## Problem statement
What you output must match, exactly, the lines from the start of the records to the line containing "- Previsión de", both ends kept and pictures excluded.
------------------------
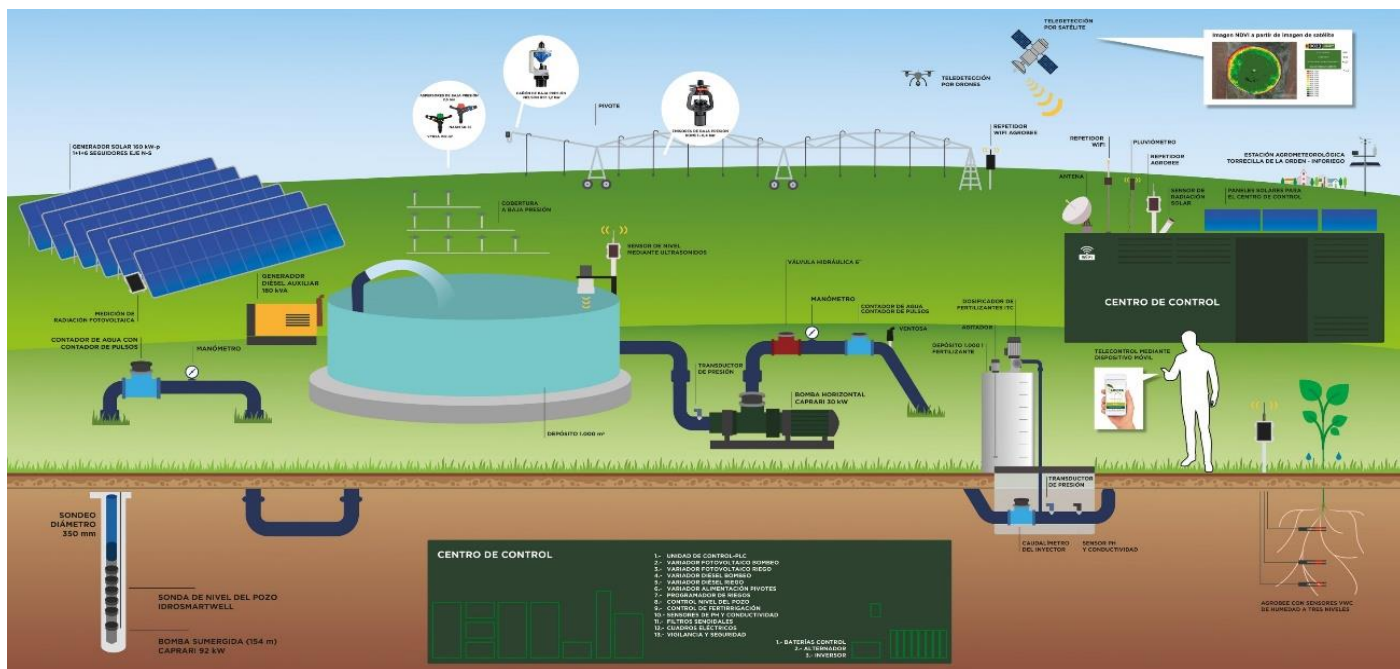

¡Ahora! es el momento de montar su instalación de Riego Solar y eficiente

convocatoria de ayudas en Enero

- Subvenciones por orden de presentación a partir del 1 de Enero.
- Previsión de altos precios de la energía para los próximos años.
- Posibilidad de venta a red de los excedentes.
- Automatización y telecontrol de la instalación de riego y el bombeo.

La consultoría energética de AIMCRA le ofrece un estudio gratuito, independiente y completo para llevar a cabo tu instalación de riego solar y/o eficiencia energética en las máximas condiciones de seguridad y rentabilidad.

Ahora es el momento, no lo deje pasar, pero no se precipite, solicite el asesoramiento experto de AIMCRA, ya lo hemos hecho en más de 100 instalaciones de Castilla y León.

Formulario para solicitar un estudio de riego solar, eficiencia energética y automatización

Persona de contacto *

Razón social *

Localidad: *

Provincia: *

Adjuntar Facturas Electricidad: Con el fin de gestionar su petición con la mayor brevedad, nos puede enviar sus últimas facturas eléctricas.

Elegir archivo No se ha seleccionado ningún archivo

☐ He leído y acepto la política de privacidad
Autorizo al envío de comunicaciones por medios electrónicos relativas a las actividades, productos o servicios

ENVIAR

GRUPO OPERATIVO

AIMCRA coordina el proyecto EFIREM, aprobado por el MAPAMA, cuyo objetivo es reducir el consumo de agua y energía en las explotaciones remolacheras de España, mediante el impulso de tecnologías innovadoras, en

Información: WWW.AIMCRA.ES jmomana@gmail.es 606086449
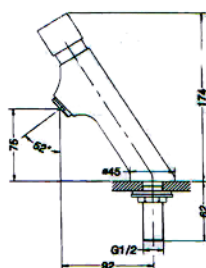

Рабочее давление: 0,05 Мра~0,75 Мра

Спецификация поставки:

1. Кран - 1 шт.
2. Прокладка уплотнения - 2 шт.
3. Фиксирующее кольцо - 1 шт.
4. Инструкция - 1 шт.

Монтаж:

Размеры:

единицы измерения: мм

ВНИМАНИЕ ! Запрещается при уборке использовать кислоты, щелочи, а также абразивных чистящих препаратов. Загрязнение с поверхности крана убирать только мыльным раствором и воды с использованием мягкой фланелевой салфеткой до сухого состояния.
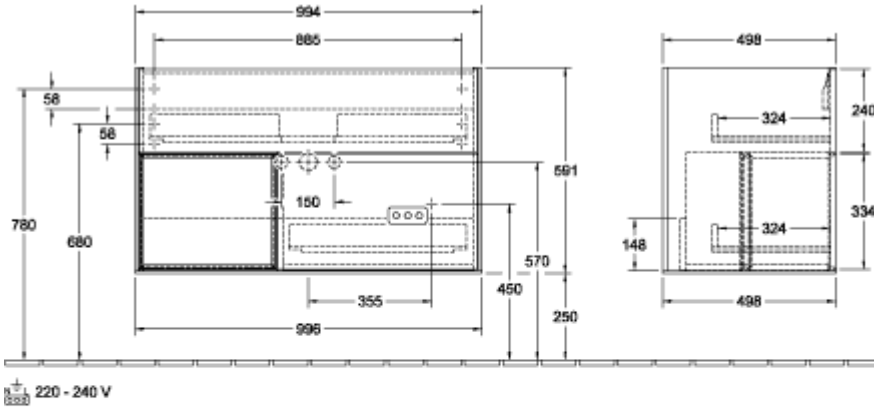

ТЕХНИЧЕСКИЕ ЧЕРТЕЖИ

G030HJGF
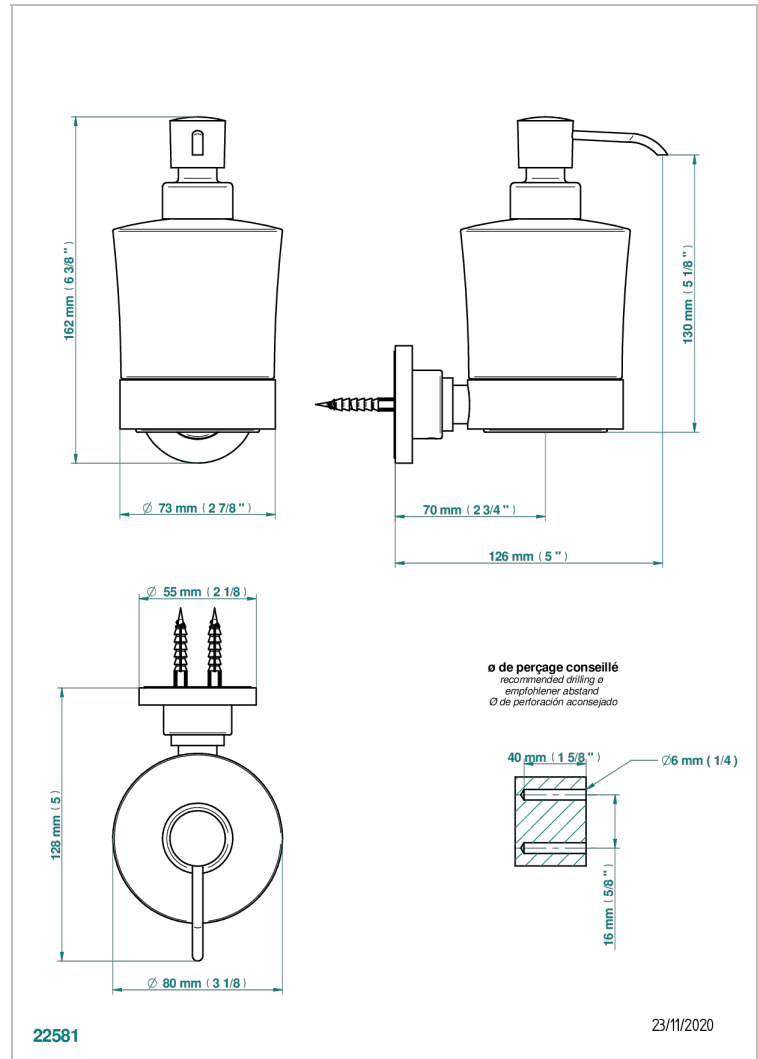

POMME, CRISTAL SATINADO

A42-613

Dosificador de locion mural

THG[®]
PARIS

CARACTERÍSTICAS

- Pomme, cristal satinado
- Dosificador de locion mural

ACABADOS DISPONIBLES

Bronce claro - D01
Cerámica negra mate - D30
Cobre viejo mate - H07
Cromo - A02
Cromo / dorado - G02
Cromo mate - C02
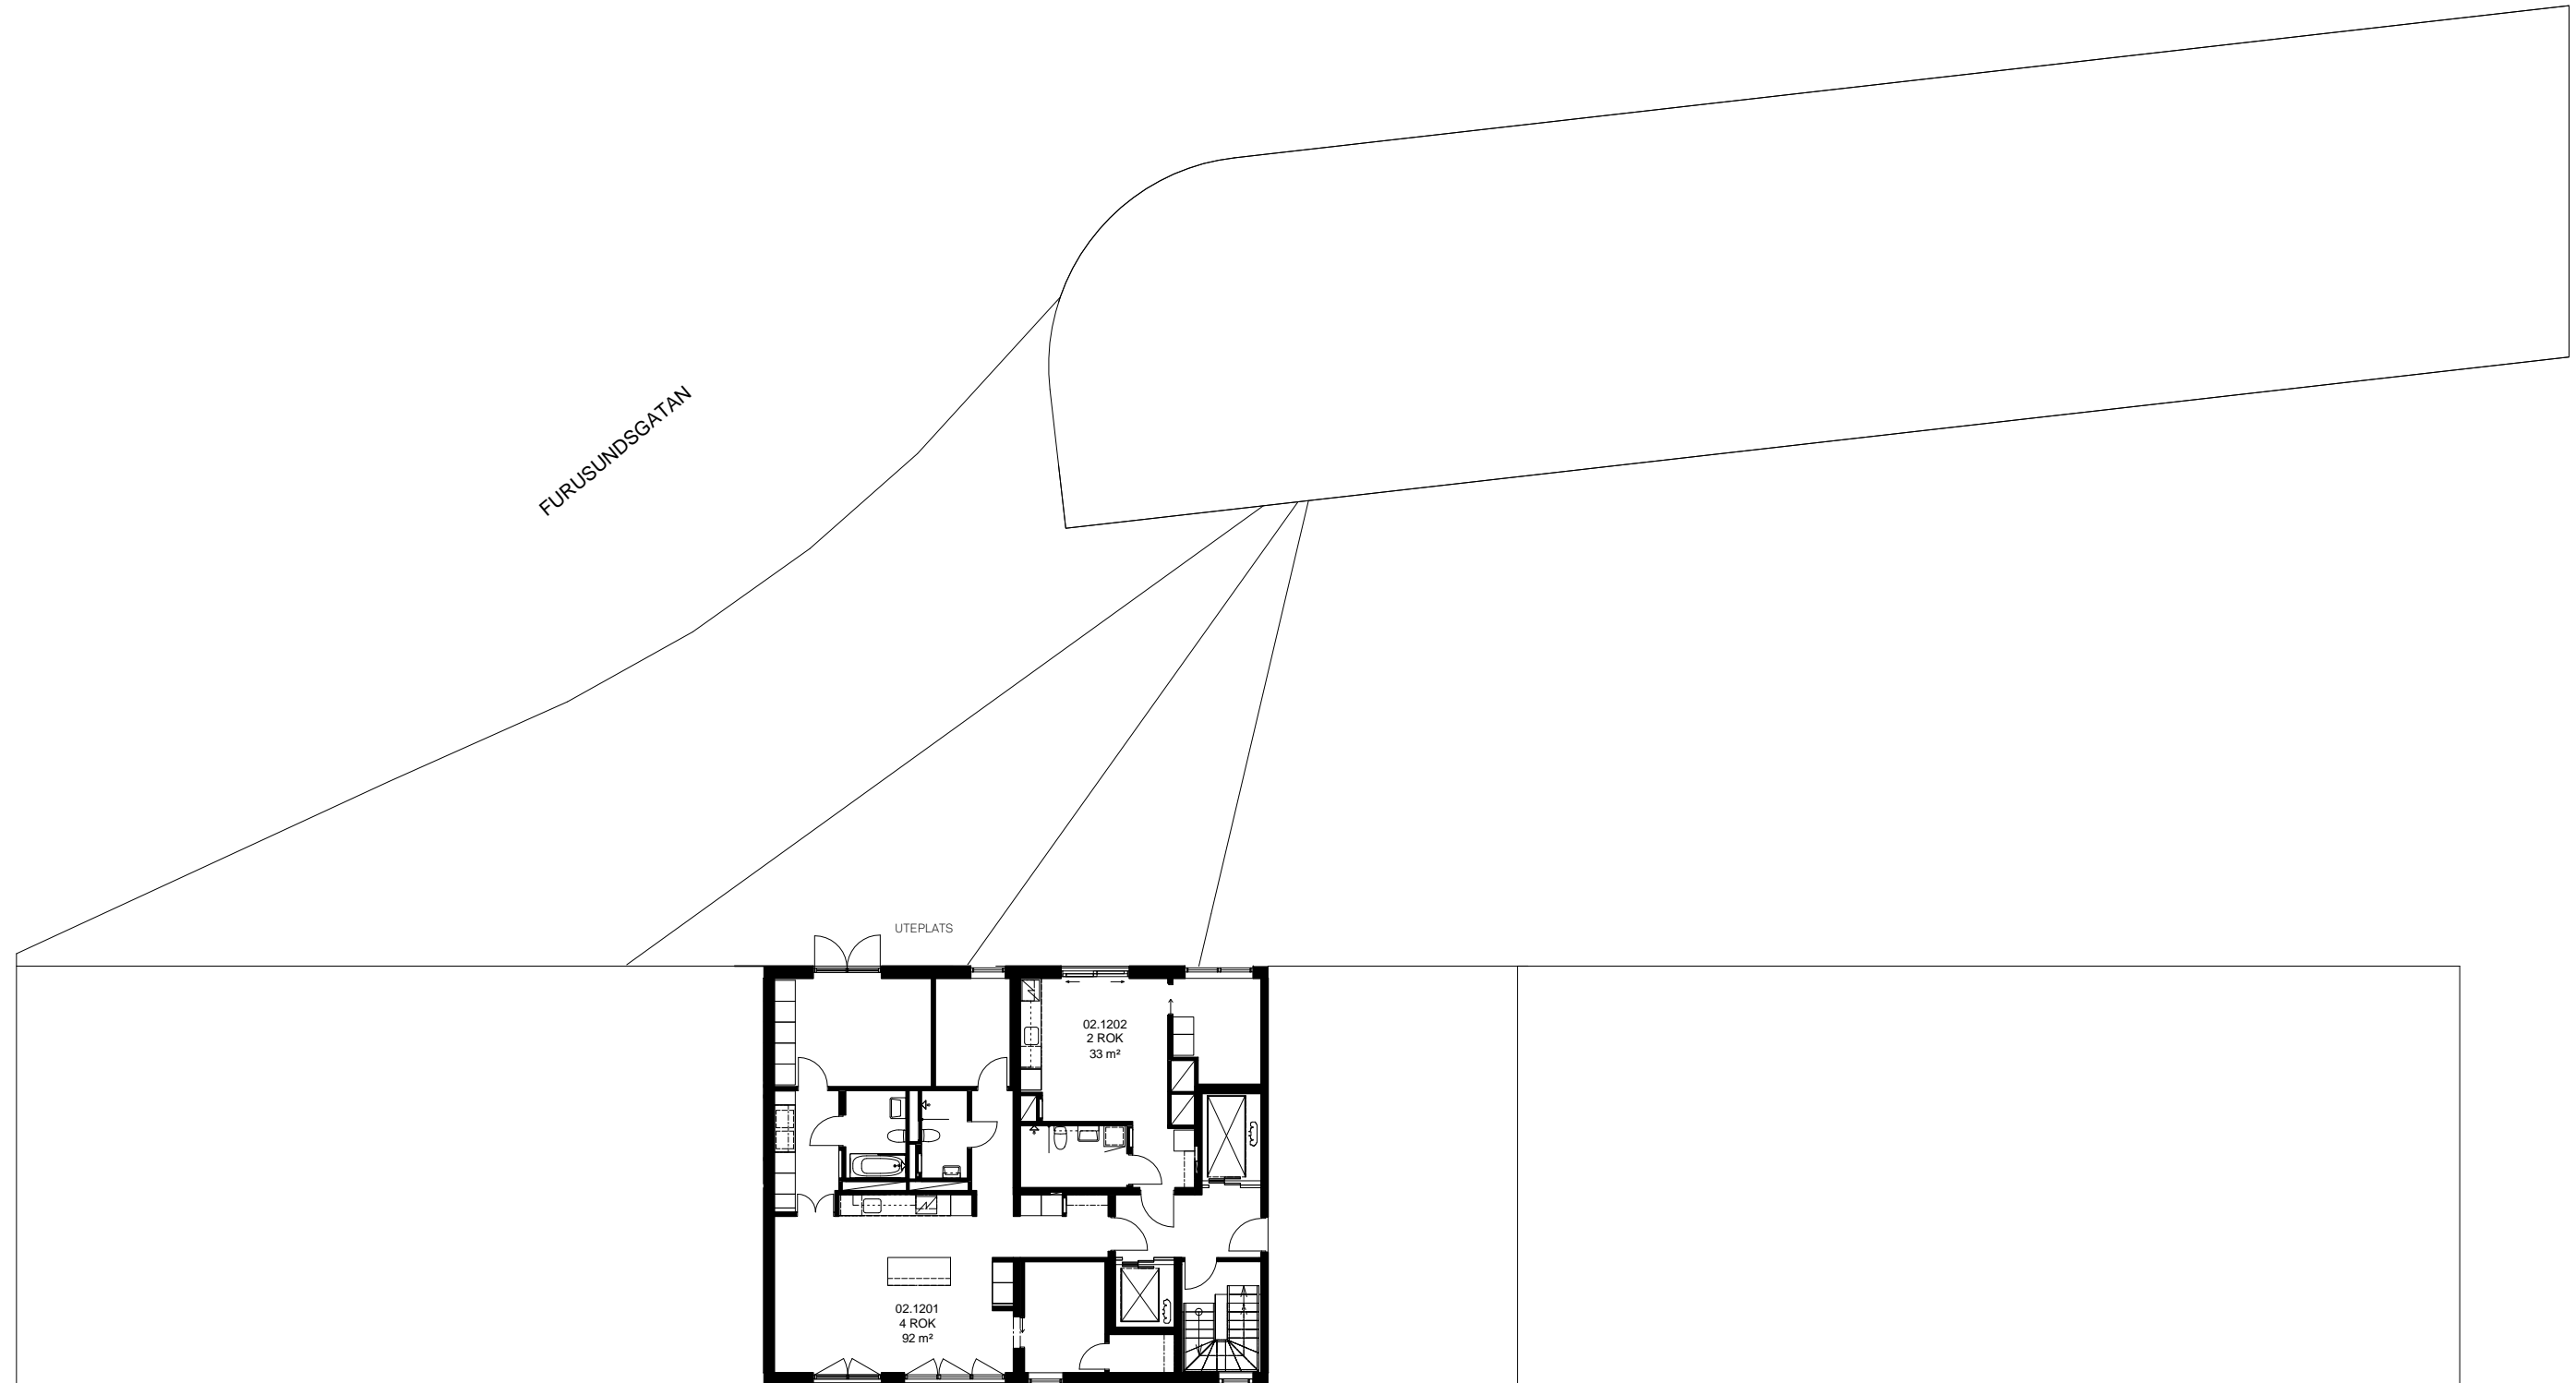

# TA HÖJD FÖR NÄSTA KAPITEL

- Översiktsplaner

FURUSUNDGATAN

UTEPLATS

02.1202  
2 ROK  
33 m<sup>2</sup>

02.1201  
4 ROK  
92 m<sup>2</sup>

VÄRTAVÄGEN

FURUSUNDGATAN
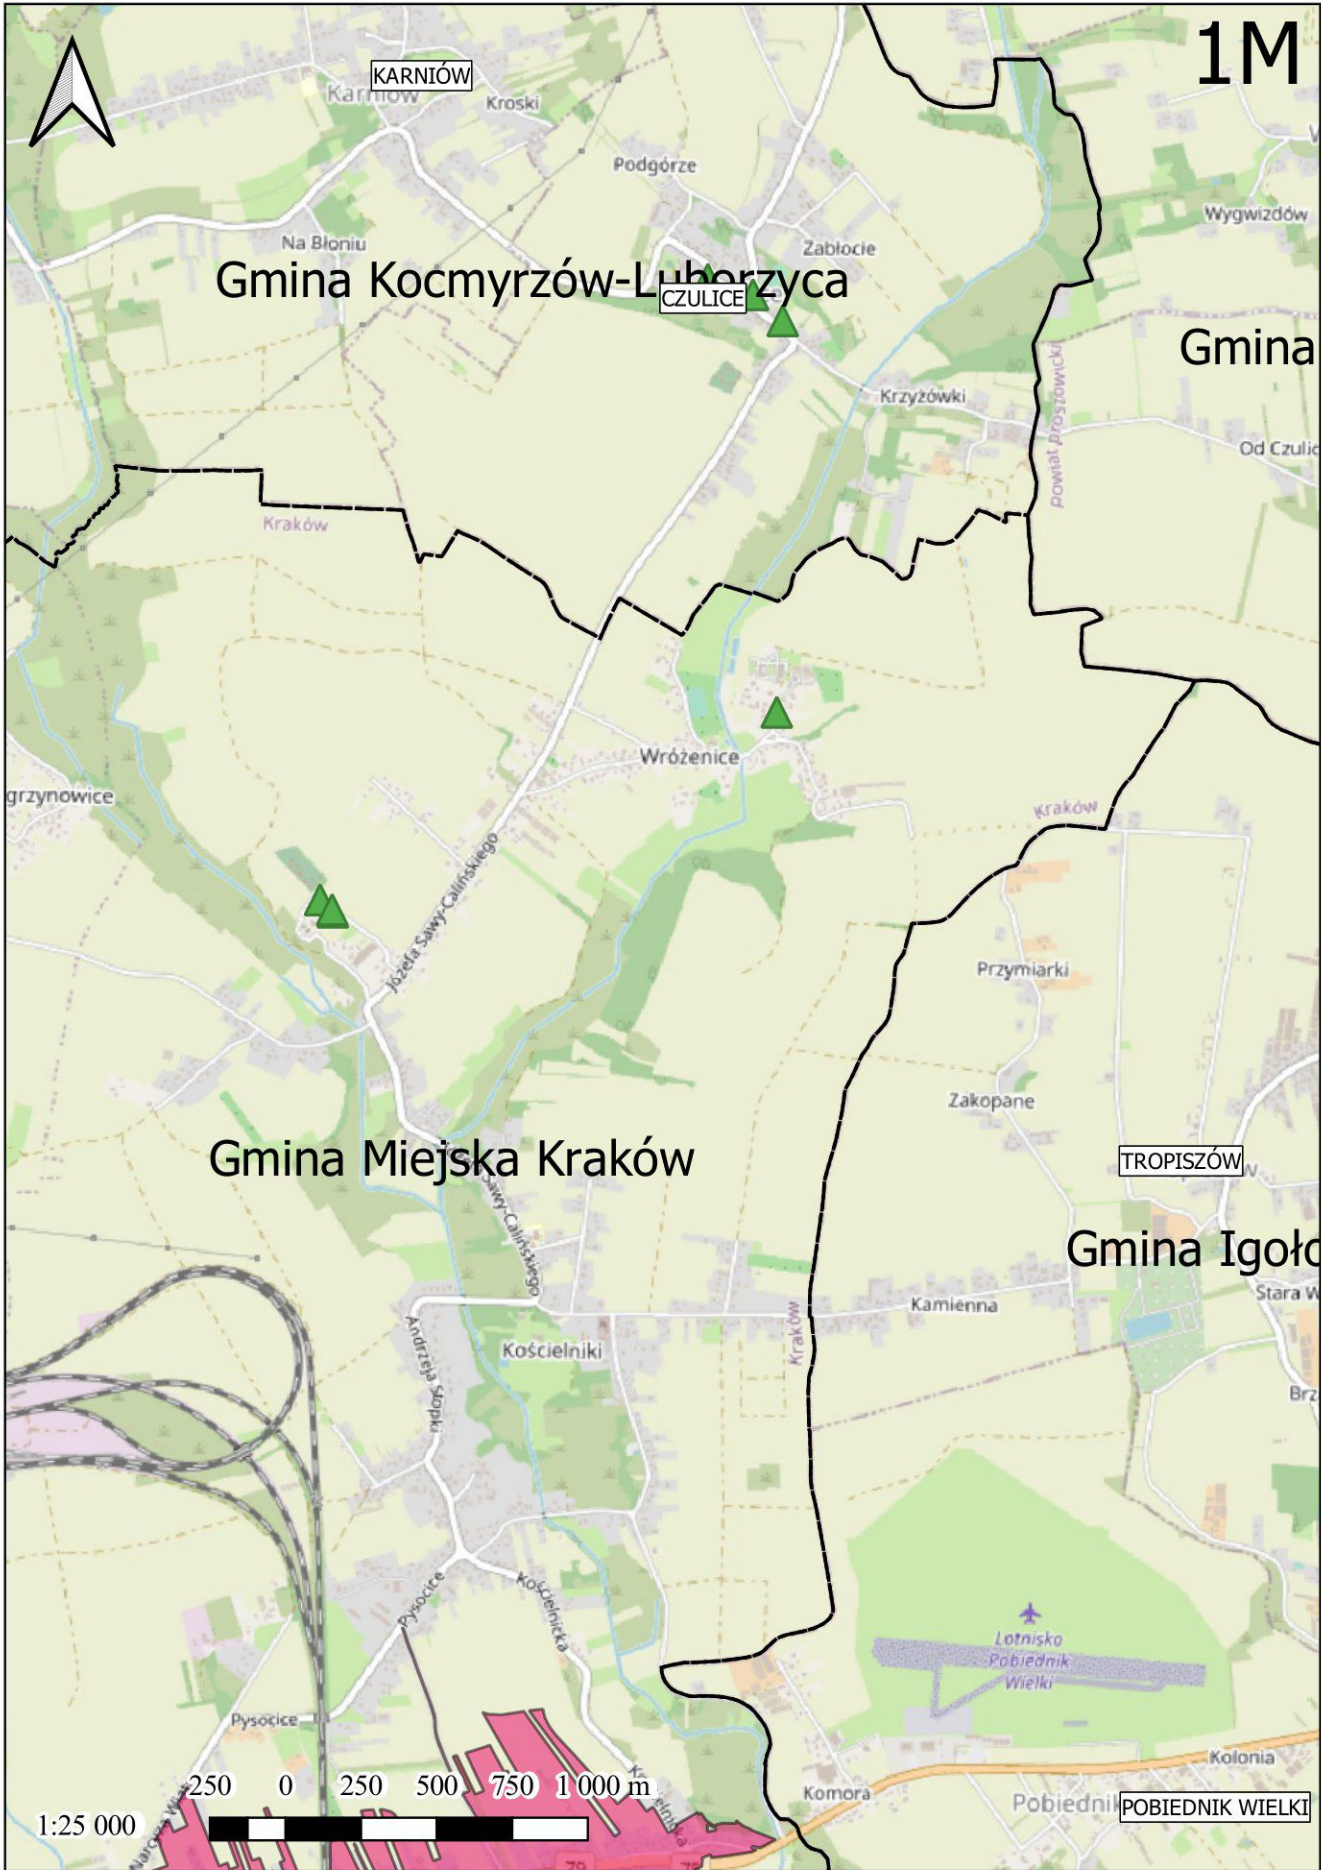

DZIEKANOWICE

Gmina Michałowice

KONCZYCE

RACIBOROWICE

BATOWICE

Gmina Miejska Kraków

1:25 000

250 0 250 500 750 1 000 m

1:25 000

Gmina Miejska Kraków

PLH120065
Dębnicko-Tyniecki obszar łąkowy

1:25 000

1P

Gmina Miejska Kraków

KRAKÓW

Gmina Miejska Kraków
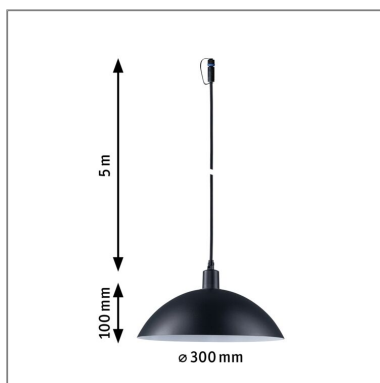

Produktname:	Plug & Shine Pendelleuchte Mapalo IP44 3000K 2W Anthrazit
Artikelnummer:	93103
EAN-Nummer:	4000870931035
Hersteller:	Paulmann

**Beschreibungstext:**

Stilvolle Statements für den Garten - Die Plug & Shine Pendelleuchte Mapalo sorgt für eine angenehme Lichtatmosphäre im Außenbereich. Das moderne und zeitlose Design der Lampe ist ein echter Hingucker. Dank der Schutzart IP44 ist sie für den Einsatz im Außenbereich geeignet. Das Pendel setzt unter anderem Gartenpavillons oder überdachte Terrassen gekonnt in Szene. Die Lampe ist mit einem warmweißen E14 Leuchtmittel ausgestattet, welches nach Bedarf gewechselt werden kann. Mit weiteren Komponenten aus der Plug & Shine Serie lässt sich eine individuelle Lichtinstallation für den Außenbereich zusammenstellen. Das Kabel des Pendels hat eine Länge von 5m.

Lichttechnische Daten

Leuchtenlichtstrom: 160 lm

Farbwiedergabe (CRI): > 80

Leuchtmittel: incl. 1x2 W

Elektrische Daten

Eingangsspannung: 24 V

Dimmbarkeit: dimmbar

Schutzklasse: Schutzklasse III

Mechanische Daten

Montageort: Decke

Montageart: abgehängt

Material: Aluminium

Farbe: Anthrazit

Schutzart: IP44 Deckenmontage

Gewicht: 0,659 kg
------------------------
## Answer box
¡Ahora! es el momento de montar su instalación de Riego Solar y eficiente

convocatoria de ayudas en Enero

- Subvenciones por orden de presentación a partir del 1 de Enero.
- Previsión de altos precios de la energía para los próximos años.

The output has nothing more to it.